Let’s take some time to act together in obedience to this Scriptural command.
• We will take about a minute of silence for each of us to reflect on the ways in the last several weeks or months we failed to be obedient to Jesus’ command to love God with our whole heart, mind, and soul, and to love our neighbor as ourselves. Let’s do that now.
• If you feel comfortable, share with us what came to mind and we will simply pray over you. After each person shares, thank them for sharing and pray over them: Thank You, loving Father, for [insert person’s name] and [his/her] willingness to trust us. May [he/she] know your grace and forgiveness, which is already present in Christ Jesus. Help [him/her] to continue to walk in obedience to Your commands. Amen.

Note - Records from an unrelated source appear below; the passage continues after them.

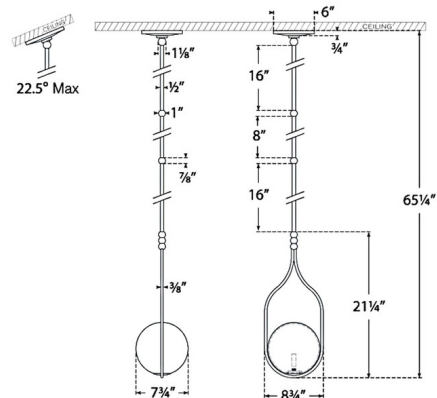

Specifications

COLOR White Glass
BODY FINISH Bronze / Hand-Rubbed Antique Brass
WATTAGE 6W
DIMMER Low Voltage Electronic
DIMENSIONS 8.75"W x 21.25"H
INTEGRATED LED MODULE 1 x LED/6W/120V LED

Technical Information

PRODUCT DIMENSIONS Downrods: One 8" and Two 16" Included
LAMP COLOR 2700K
LUMENS/WATT 120.00
LUMINOUS FLUX 720 lumens

Shown in bronze / hand-rubbed antique brass / white glass

CLICK TO VIEW PRODUCT

Notes:

Ask one person to read Matthew 22:34–40 aloud: Hearing that Jesus had silenced the Sadducees, the Pharisees got together. One of them, an expert in the law, tested him with this question: “Teacher, which is the greatest commandment in the Law?” Jesus replied: “‘Love the Lord your God with all your heart and with all your soul and with all your mind.’ This is the first and greatest commandment. And the second is like it: ‘Love your neighbor as yourself.’ All the Law and the Prophets hang on these two commandments.”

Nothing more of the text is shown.